= Wall Street Poker =

Wall Street Poker is a form of stud poker which also features community cards. It is named after the financial district of New York and the movie of the same name, because of a strategy of aggressive bidding involved.

==Rules==
Players are initially dealt three hole cards, two face down, one face up. Everyone pays an ante.

Four community cards are then dealt face up, each with a different value, this is called the Wall Street. Each round then starts with the player with the strongest hand showing. For example, a showing pair would beat a high card.

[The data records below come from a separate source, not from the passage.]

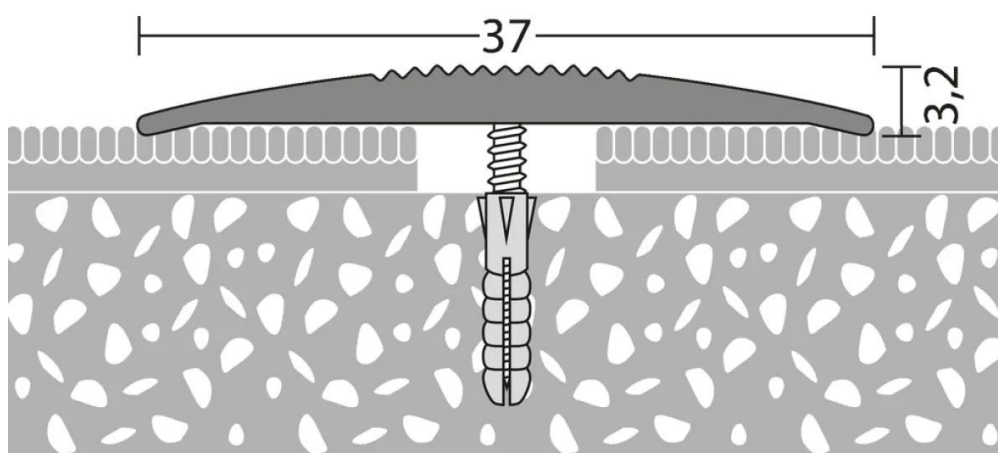

Bandeau de finition de tapis en aluminium doré mat

Art. nr - R8616

estillon
WE WILL IMPROVE YOUR FLOOR

Scannez ce code QR pour visualiser ce produit sur notre site web.

Description

Bandeau de finition de tapis en aluminium lourd Couleur : Doré mat Contenu : 12 x 2,70 = 32,4 m² Type : Percé Largeur : 37 mm Longueur : 2,7 m

Spécifications

Unité de base	Tube
Longueur	2,7 m
Largeur	37 mm
Type de profil	Profil de transition
Marque	Roberts
Type d'outil	Profils

Bandeau de finition de tapis en aluminium doré mat

Art. nr - R8616

Rather than a betting round taking place, a bidding round occurs, where players choose whether to buy a community card. The card on the left of the dealer costs one betting unit, the next card two betting units, the next card three betting units and the card to the right of the dealer costs four betting units. The fee for the card then goes into the pot. If a player chooses to purchase one of the cards it is replaced from the top of the deck.

If they choose not to purchase a card, they are dealt one for free face up. This process repeats until every player has four face up cards. So for example if the minimum bid was $1, and a player is dealt a pair of Kings, if a King is the third community card to the left of the dealer, it would cost them $3 to take the King.

Players are then dealt a face down card and a final betting round takes place.

==Variations==
There are also wild card versions of this game where the most expensive card can be a wild card, meaning that it has any value the player wants it to be. For example, if a Queen is needed to make a straight, it would cost four betting units but a player could purchase the wild card to count as the Queen. Another version of the game plays in the following way:

1. All players pay the antes.
2. Four cards are dealt face up on the table.
3. The furthest left card (from the dealer perspective) is marked with a chip.
4. All players are dealt two cards.
5. Every player now has the option to decide: (a) to get a third card from the dealer which is dealt face up; (b) to buy one of the four cards that were dealt previously, with the card to the left of the dealer costing one betting unit, the next card two betting units, the next card three betting units and the card to the right of the dealer costing four betting units.
6. The first betting round takes place. When played with antes, each pot is opened by the player who shows the weakest hand. They have to pay the bring-in and can also raise.
7. Again every player can decide to get a card from the dealer or to buy a card from the Wall Street.
8. Second betting round.
9. There are three more betting rounds. Before each round each player draws an additional card. Cards five and six are dealt face up, card seven is dealt face down.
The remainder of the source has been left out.